As to the female cast, they mostly come in for tame male sniggering: When Jackson and female lead Julianna Margulies have a conversational moment, Ellis claims it used to be “a pretty cool scene” where they just dropped everything to wildly make out. When she removes her flight-attendant jacket during a sweaty late-film confab, everyone implies that her character is stripping in hopes of a quickie before the plane crashes; Ellis even calmly makes up a production story about how in the first take of that shot, she stripped naked instead, and he just thought “Okay, I guess everybody plays it differently.” When she next appears with one button of her shirt unbuttoned, he leers that she’s done now, and “all worn out.” And so forth. Similarly, when an attractive woman sucks the poison out of a child’s snakebite in a harrowing, grotesque scene, the men generally joke about how now another male character probably wants his ass-bite sucked as well, and how all the guys on the plane are suddenly willing to go get bitten too.

Inevitable dash of pretension: The filmmakers are all entirely clear that they’re making “a fun summer movie” and nothing more; no one tries to claim any high-art ambitions or inspirations. Instead of pretension, though, they have pretend. Seemingly half the commentary is just straight-faced, one-upsmanship-laced riffing full of ridiculous claims. During a gunfight, Ellis claims they actually shot the stuntmen, because Vancouver is cool with that kind of thing. When a fat lady in a yellow muumuu appears on the plane, they claim it’s director of photography Adam Greenberg in drag. They joke on and off about Jackson actually killing snakes on set and making belts out of them if they forgot their lines. (Jackson, on the American Humane Association’s “No animals were harmed” disclaimer at the end of the film: “We lieeeeeeeeeeed!”) They pretend the snakes were actors who hung around craft services and would obediently do things like half-swallow someone’s head, then spit it out for the next take.

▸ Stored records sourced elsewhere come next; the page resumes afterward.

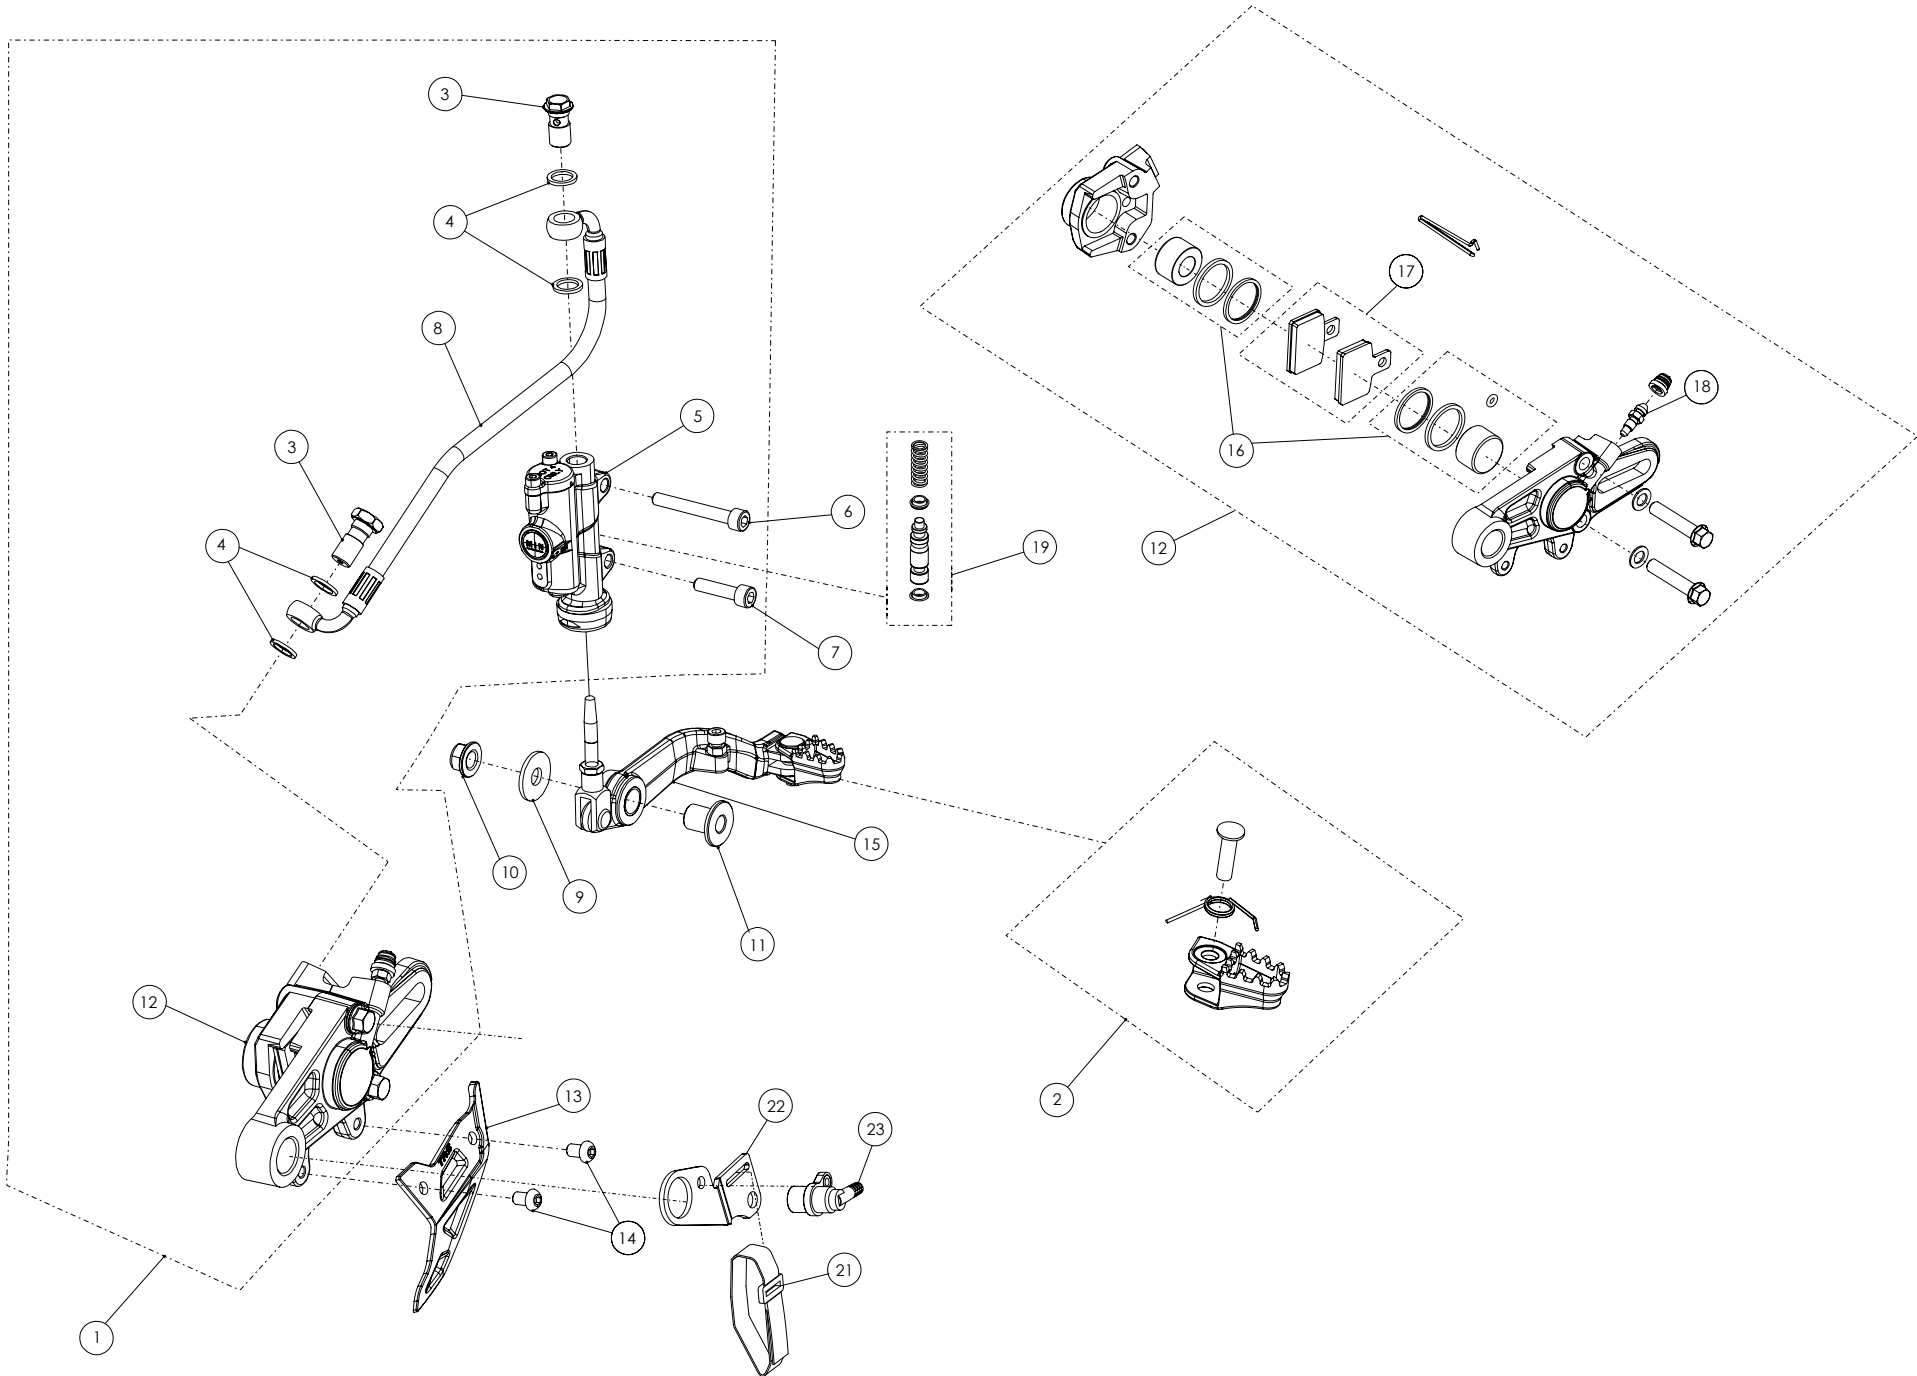

D

C

B

A

Despiece TRRS RR Electric Start 2020

07 - FT - Freno Trasero - Listado de Piezas

Nº	Código	Descripción	Description	Cantidad
1	70320	Conjunto freno trasero	<i>Kit, rear brake</i>	1
2	70312	Kit reparación palanca freno	<i>Brake lever repair kit</i>	1
3	70304	Racord	<i>Banjo bolt</i>	2
4	56101	Arandela Al. 10x14x1,5	<i>Washer, Al. 10x14x1.5</i>	4
5	70318	Bomba Freno Trasero	<i>Pump, rear brake</i>	1
6	50103	Tornillo DIN 912 M6x45 - Bomba Freno - Escape	<i>Bolt, DIN 912 M6x45 - Brake pump - exhaust</i>	1
7	50110	Tornillo DIN 912 M6x25 - Bomba Freno Inferior	<i>Bolt, DIN 912 M6x25 - Brake pump - lower</i>	1
8	70306	Latiguillo Freno Trasero	<i>Hose, rear brake</i>	1
9	56304	Arandela Pedal Freno DIN 9021 Ø8	<i>Washer, brake pedal DIN 9021 Ø8</i>	1
10	51502	Tuerca Autoblocante M8 - Pedal Freno	<i>Nut, self locking M8 - Brake pedal</i>	1
11	07001TR100	Casquillo Pedal Freno	<i>Bushing, brake pedal</i>	1
12	70307	Conjunto Pinza Freno Trasero	<i>Rear brake caliper, complete</i>	1
13	07002TR101	Protector disco trasero	<i>Disc protector, rear</i>	1
14	50204	Tornillo DIN 7380 M6X10 - Protector Disco Trasero	<i>Bolt, DIN 7380 M6x10 - Rear disc protector</i>	2
15	07012TR100	Conjunto Palanca Freno	<i>Brake pedal, complete</i>	1
16	70309	Kit Reparación Pinza Trasera	<i>Repair kit, rear caliper</i>	1
17	70310	Juego Pastillas Freno Trasero	<i>Brake pad set, rear</i>	1
18	70374	Sangrador freno trasero	<i>Bleeder screw rear brake</i>	1
19	70321	Kit rep. pistón bomba freno trasero (bomba deposito integrado)	<i>Repair kit, rear brake pump (master cylinder /integrated tank)</i>	2
20	58012	Velcro	<i>Hook and loop fastening</i>	
21	1617TR100	Soporte sensor velocidad/ tirante caballete	<i>Speed satand fastening strap support</i>	
22	70222	Sensor Velocida Multifución	<i>Speed sensor, intrument panel</i>

And there’s an infant on the snake-filled plane, which sparks jokes every time it appears. Jackson claims every time he saw it, he’d yell “We got a real baby on the plane! More smoke!” Ellis responds “Well, at least the lung-transplant thing worked out.” In a scene where the plane tears open, they claimed the baby went out the window, but it’s okay because they had a small fishing boat in the water below to retrieve it, and anyway, it was wearing baby water wings, and besides, “It was a stunt baby.” In a scene where the baby cries, they discuss using C-clamps and jumper cables on its feet offscreen to keep it crying. Tawny Ellis eventually sighs “There are police outside for every one of us after this.”

Commentary in a nutshell: During a sequence where a venomous snake latches onto the penis of a urinating man, Jackson cackles like a loon. Ellis: “I’d like to thank the Academy… You know, every director has a legacy, and this is what I’m leaving.” Jackson: “And we’re down with that! Aw, hell yeah!”